Glk/Glulx threads

As the demand for more intuitive code continues the demands on our poor virtual machines increases too.

This has led me to wonder why we couldn’t and shouldn’t introduce some form of threading into Glk/Glulx. Currently the majority of the processing must be done in the minimal time. Can we usefully use the time the player is reading the response to their last command to do some forward planning?

On the VM front, what is stopping this from happening? What problems would there be in changing the behaviour of glk_select_poll() such that it returns all input events?

On the library front, what would be usefully served by threading? I never did any deep profiling of Fate (which its ridiculous start up time) but I suspect that in general conversation systems are slow. This was the case with Alabaster too (which lead to accelerated functions.) All conversation systems have some kind of algorithm to determine which “nodes” are accessible next, and they could quite feasibly be run while the player is reading the current node. I don’t know how the new I7 features are implemented, but the new relations or functional programming features might also be slow if used a lot.
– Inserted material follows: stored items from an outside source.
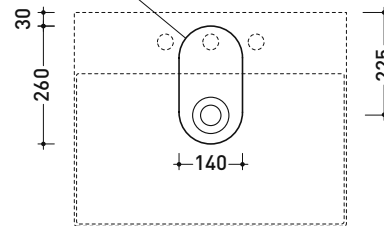

AP8047 AppLight 8047

Lavabo cm 80x47 da appoggio - sospeso

CON TROPPOPIENO • PREDISPOSTO PER TRE FORI RUBINETTO

Complementi: Portasciumani cromo (PMW75)
 Rubinetti lavabo linea: ONE - NOKÉ - SI - FOLD - X1
 Accessori linea: TWO - HOOP - NOKÉ - FOLD

Accessori tecnici: Sifone cromo (SIFL/CR) - Sifone telescopico cromo (SIFL066)
 Piletta Stop & Go (PLSG)
 Piletta Stop & Go in ceramica (PLCE)
 Set 2 pezzi rubinetto filtro cromo (RF026)

Dim. Imballo cm | Peso 23 kg | Pz. Pallet n° -

CE UNI EN 14688 - CL20 Dop-No14688

vista zenitale / zenital view

foro consigliato sul piano
 suggested hole on the top

vista zenitale / zenital view

vista frontale / frontal view

sezione longitudinale / section

dimensioni in mm

Le misure dimensionali riportate hanno una tolleranza del 2%

CERAMICA: finiture lucide

bianco

finiture opache

latte

carbone

What I’m proposing isn’t actually threading in Glulx… more so in Glk. Glk would need threads, one for Glulx, and the other for the UI it manages. Further proposals for threading purely within Glulx are left for the reader.

1 Like

While I would love being able to process some NPC AI while the player’s cursor winks, I believe it is just the amount of work to be done that stops your idea coming to fruition. Interpreters are supposed to be simple enough so they can be ported everywhere, and threading is definitely not simple.

No, threading isn’t simple, but most languages these days come with it built in (excepting perhaps C/C++?) But if we all worked together we could add it to Garglk too.

Threading is possible in most languages (I think Javascript is coming).

I suspect it wouldn’t be difficult to adapt most interpreters to work the way you suggest – with a UI thread working in the foreground as the game runs in the background. (For ease of implementation, you’d want to switch into a “locked” mode where the game cannot do any I/O at all, until an event comes in or the game triggers one.)

However, using this capability in a safe way could be rather tricky for the game author.

Web Workers are available in Firefox 3.5+, Safari 4+, and Chrome. They can be emulated with timers in IE, though we’d have to experiment to see if we can still have the benefits of processing while the player reads without noticeably locking the browser’s UI.

Good to hear you think this is feasible. Do you think the VM/Glk would need to enforce that, or could we just say that Outputing data while running background tasks would be undefined?

Also, why isn’t this locking needed now with the events that can be polled for?

I see this as more of a library/standard rules kind of feature. A simple use of it would be a task queue, where tasks can be enqueued, with a certain priority. Each task would need to be broken down into small steps, and once it has determined it has finished, would remove itself from the queue. When input returns, the game can query the queue to determine if a task it depends on has finished, and if it hasn’t, that task would be run non-stop until it has finished, just as it would be without threading.

Designing a queue like that wouldn’t be hard at all. Adapting chat systems, planners or AIs to use it would be harder of course, but the difficulty of the task shouldn’t stop us from setting this system up.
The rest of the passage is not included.